_Instructions to follow_: Lift every line from the entries that includes the word "Emissions".

_Stored records_:
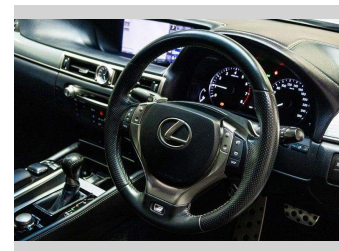

2012 Lexus GS 250 F Sport Premium!

Purchase Price **$24,995**
Includes GST, Registration & Licensing

Finance may be available on this vehicle. Ask one of our friendly staff for more information.

Gain peace of mind with Mechanical Breakdown Insurance. **Ask us how.**

Top features
None Listed

Body Style
Sedan

Odometer
98,000 km

Engine
3499 cc, Internal Combustion

Fuel Type
Petrol

Transmission
Auto

Wheels
-

VIN
7AT0B00RX26001348

Interior
-

Safety

Based on 2025 VSRR rating

Reg No.
-

Ext Colour
Silver

History
-

Seats
-

CO2 Emissions
★ ★ ★ ☆ ☆ ☆
233 grams/km

Energy Economy
★ ☆ ☆ ☆ ☆ ☆
Annual fuel cost of $3,920
10L per 100km

Cost per year is an estimate based on petrol price of $2.80 per litre and an average distance of 14000 km. Emissions and Energy Economy figures standardised to 3P WLTP.

Stock ID: 3008903
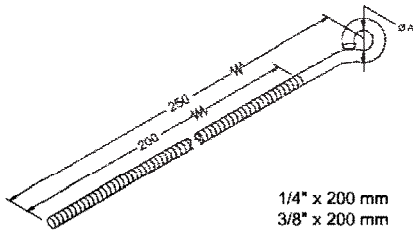

Parafuso Olhal

Ref. BG 1011

1/4" x 200 mm
3/8" x 200 mm
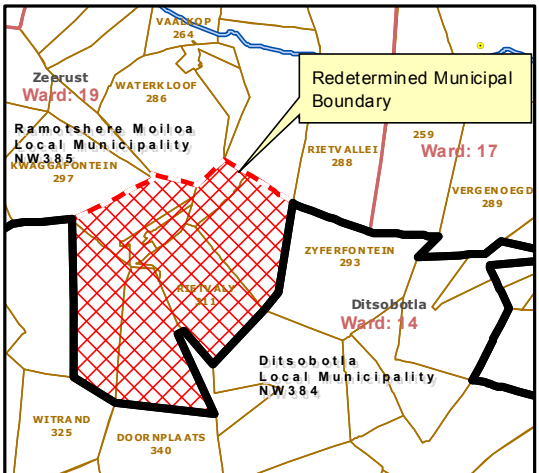

MAP NUMBER
DEM4387

DATE
August 2013

DETAIL OF REDETERMINATION

In terms of Section 21 of the Local Government: Municipal Demarcation Act 27 of 1998 the Municipal Demarcation Board has re-determined the municipal boundaries of Ditsobotla Local Municipality (NW384) and Ramotshere Moiloa Local Municipality (NW385), by excluding the area of Rietvlei and surrounding farms from the municipal area of Ditsobotla Local Municipality (NW384), and by including them into the municipal area of Ramotshere Moiloa Local Municipality (NW385).

- Legend**
- Main Place
 - DEM
 - Local/Metro Municipalities
 - District Municipalities
 - Wards
 - Sub Place
 - National Roads
 - Main Roads
 - Secondary Roads
 - Rivers

Additional info relating to this map can be obtained from the Municipal Demarcation Board:
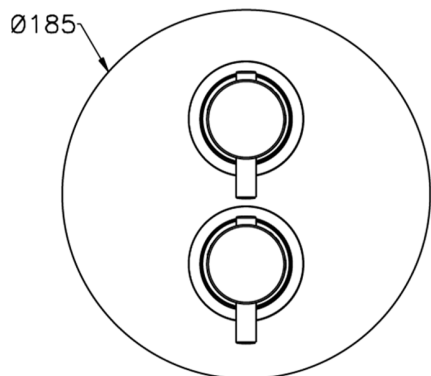

Exposed part for 1-outlet con.thermo.shower valve THERMO_MT007300

MODEL **MT007300**

Exposed part for 1-outlet thermostatic mixer, with stopvalve, without concealed part, for item ZB007301

AVAILABLE FINISHINGS

- **21** 21 Chrome
- **26** 26 Old Copper
- **2F** 2W Brushed Gold
- **2W** 2F Brushed Nickel
- **40** 40 Matt Black
- **4Q** 4Q Matt White

CHARACTERISTICS

Installation **Concealed**
Required concealed parts **ZB007301**

Thermostatic

The Huber thermostatic is your personal water manager, helping you to handle, control and save water and energy.
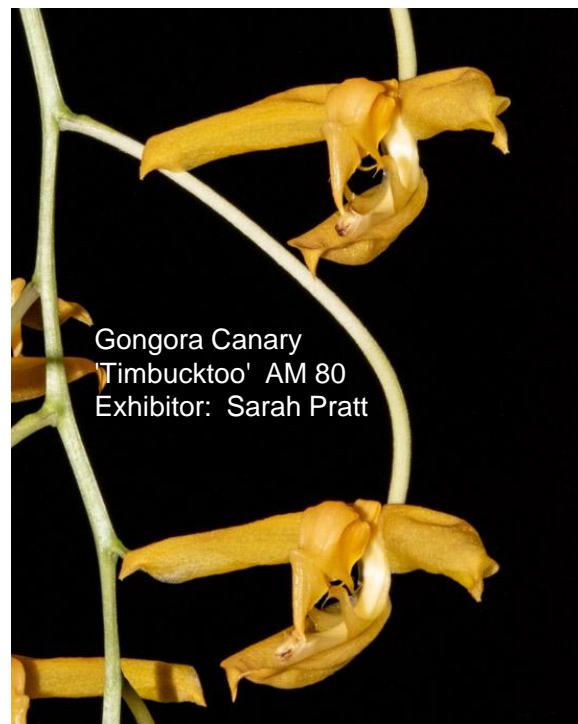

Bulbophyllum Boon Bryson
'Max & Bryon' HCC 77
Exhibitors: M. Thompson & B. Rinke

Pleurothallis *ensata*
'Bryon' CBR
Exhibitor: Bryon Rinke

Epidendrum Little Miss Sunshine
'Leona's Light' AM 80
Exhibitors: M. Thompson & B. Rinke

Phalaenopsis Connie Moody
'Bryon' AM 80
Exhibitor: Bryon Rinke

Phalaenopsis Walnut Valley Purple Pixie
'Max & Bryon' HCC 78
Exhibitors: M. Thompson & B. Rinke

Epidendrum *vesicatum*
'Bryon Rinke' HCC 78
Exhibitor: Bryon Rinke

Gongora Canary
'Timbucktoo' AM 80
Exhibitor: Sarah Pratt

_Reply to the exercise_:
CO2 Emissions
Cost per year is an estimate based on petrol price of $2.80 per litre and an average distance of 14000 km. Emissions and Energy Economy figures standardised to 3P WLTP.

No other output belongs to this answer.